CHARLOTTE — More than one hit-and-run crash occurs every minute on U.S. roads, according to new research from the AAA Foundation for Traffic Safety. These crashes resulted in 2,049 deaths in 2016 — the highest number on record and a 60 percent increase since 2009.

Last year in North Carolina, there were 56 recorded hit-and-runs, according to the NCDOT. South Carolina data was not available at press time.

With the number of hit-and-run crashes on the rise, AAA is calling for drivers to be alert on the road in order to avoid a deadly crash and always remain on the scene if a crash occurs.

AAA researchers examined common characteristics of hit-and-run crashes and found that:
• An average of 682,000 hit-and-run crashes occurred each year since 2006.
• Nearly 65 percent of people killed in hit-and-run crashes were pedestrians or bicyclists.
• Hit-and-run deaths in the U.S. have increased an average of 7.2 percent each year since 2009.

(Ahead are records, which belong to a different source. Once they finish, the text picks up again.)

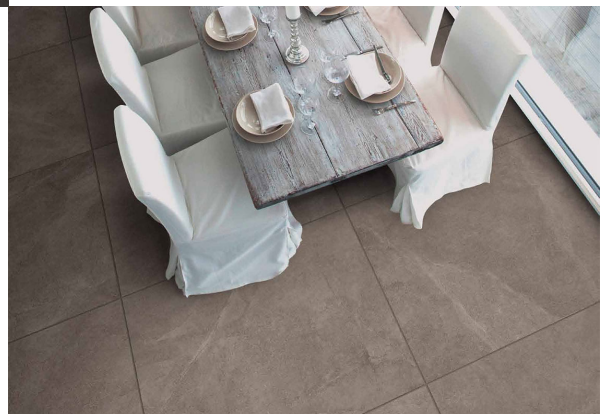

Disigual

Disigual grey 45x90 / Disigual grey mix 15x60 / 10x60 / 5x60

DISIGUAL... SHEER ELEGANCE!

Rating: Not Rated Yet
[Ask a question about this product](#)

Description

Digital technology 

COLOURED BODY PORCELAIN STONEWARE

4 colours
10 sizes
rectified

DISIGUAL... SHEER ELEGANCE!
THE LARGE FORMAT UP TO 90x90 CM, DISIGUAL IS DISTINGUISHED BY THE REFINED VEINING INSPIRED BY NATURAL STONE. THE VEINING MOTIF BRANCHES OUT ON 4 WARM TONES AND ENVELOPING ATMOSPHERE. THE VARIETY OF THE GRAPHIC DESIGNS CREATED JUST FOR DISIGUAL PROVIDES A NATURAL FLUID MOTION ON SURFACES FOR FLOORS OR WALLS, FOR PERSONAL OR PUBLIC ENVIRONMENTS. FOR DISIGUAL WE HAVE REVISITED IN MODERN FASHION THE CLASSIC STONE..
THE RESULT IS A PRODUCT WITH A VARIETY OF FORMATS FOR ANY APPLICATION AND FOR TOTAL FREEDOM OF COMPOSITION.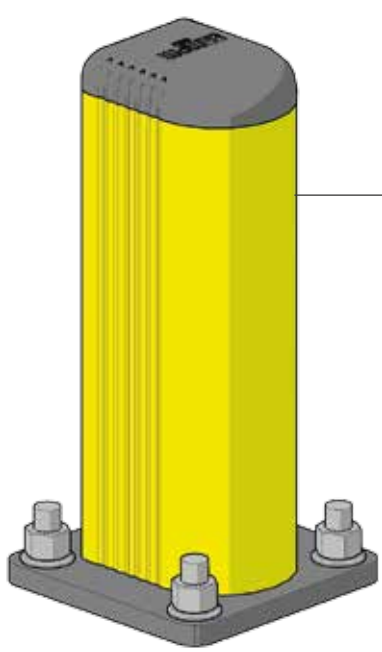

GRD 90/150

ISTRUZIONI DI INSTALLAZIONE
ASSEMBLY INSTRUCTIONS

Ø12 mm

WARNING
The distance of installation depends on speed and weight of vehicle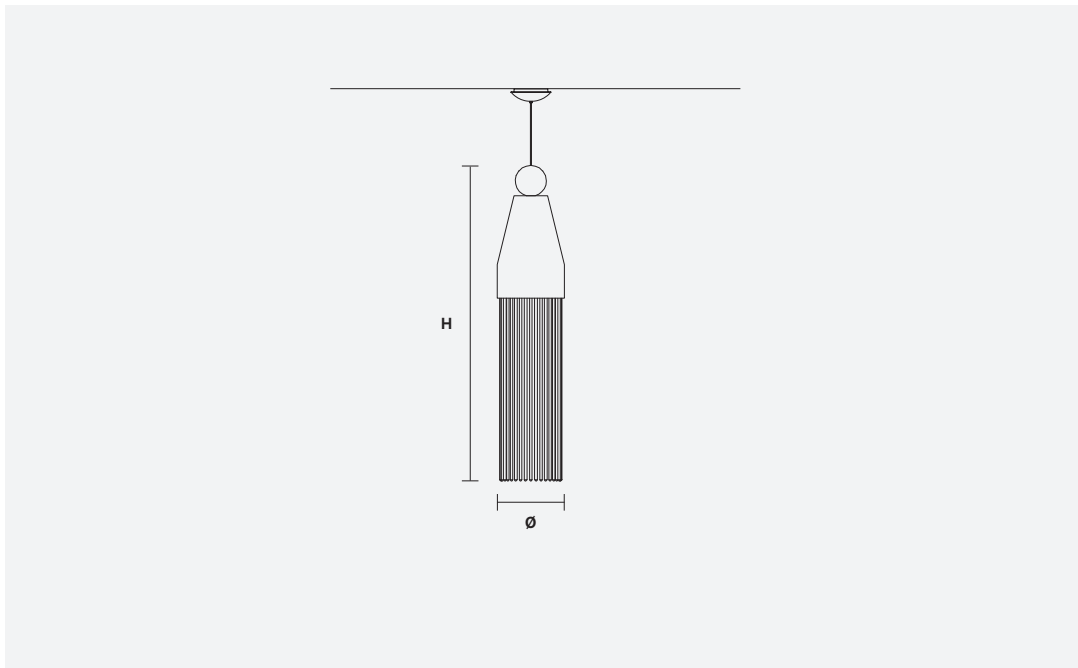

CE

H 36 cm / 14.17"  
Ø 7.5 cm / 2.95"

1 x LED COB 5W 3000K 750 lm  
NOT DIMMABLE

ALL WHITE

MIXED COLOURS

V95

V95 V21 V51 V72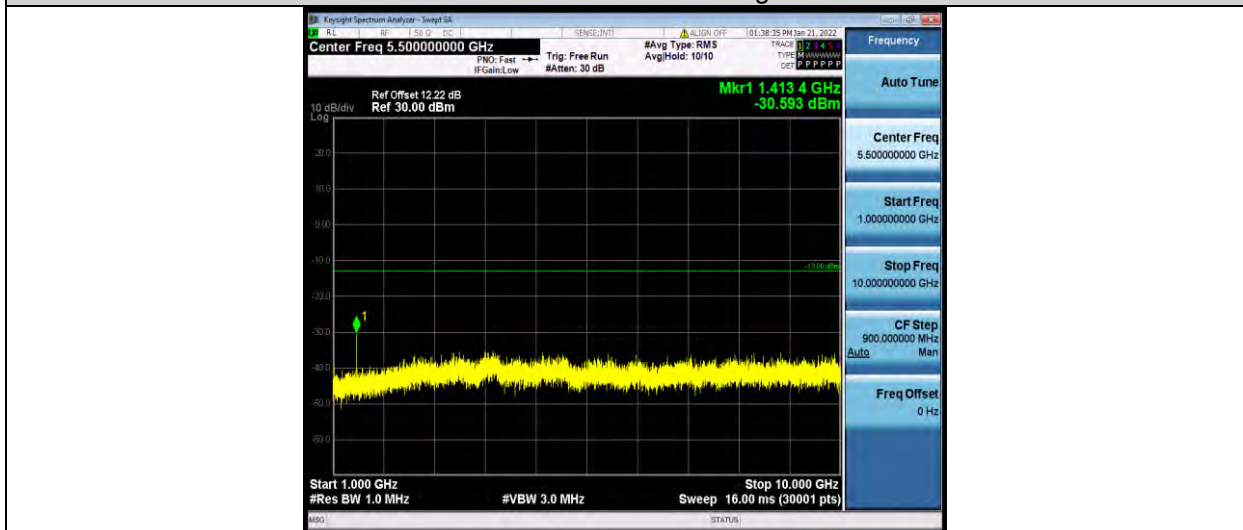

Band12-10MHz-64QAM-23095-1RB#0-Range1: 30~1000MHz

Band12-10MHz-64QAM-23095-1RB#0-Range2: 1000~10000MHz

BUREAU VERITAS

Test Report No.: W7L-P21120037RF05

Band12-10MHz-64QAM-23130-1RB#0-Range1:30~1000MHz

Band12-10MHz-64QAM-23130-1RB#0-Range2:1000~10000MHz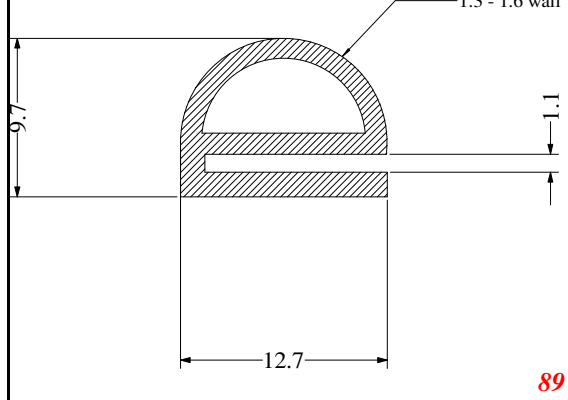

Address:

Exactseal Inc
 7601 E 88th Pl.
 Building 3B
 Indianapolis, IN 46256

2423

2486

621

2411

89

2308

The report found that most victims of fatal hit-and-run crashes are pedestrians or bicyclists. Over the past 10 years, nearly 20 percent of all pedestrian deaths were caused by hit-and-run crashes, meanwhile just one percent of all driver fatalities in that same time period. To decrease the chances of being involved in a crash with a pedestrian or bicyclist, drivers should:

Be aware: Pedestrians may act unpredictably and can walk into the path of travel at any point.
Be cautious: Look out for small children and be alert to areas where there are likely to be more pedestrians. These include school zones, playgrounds, bus stops and intersections.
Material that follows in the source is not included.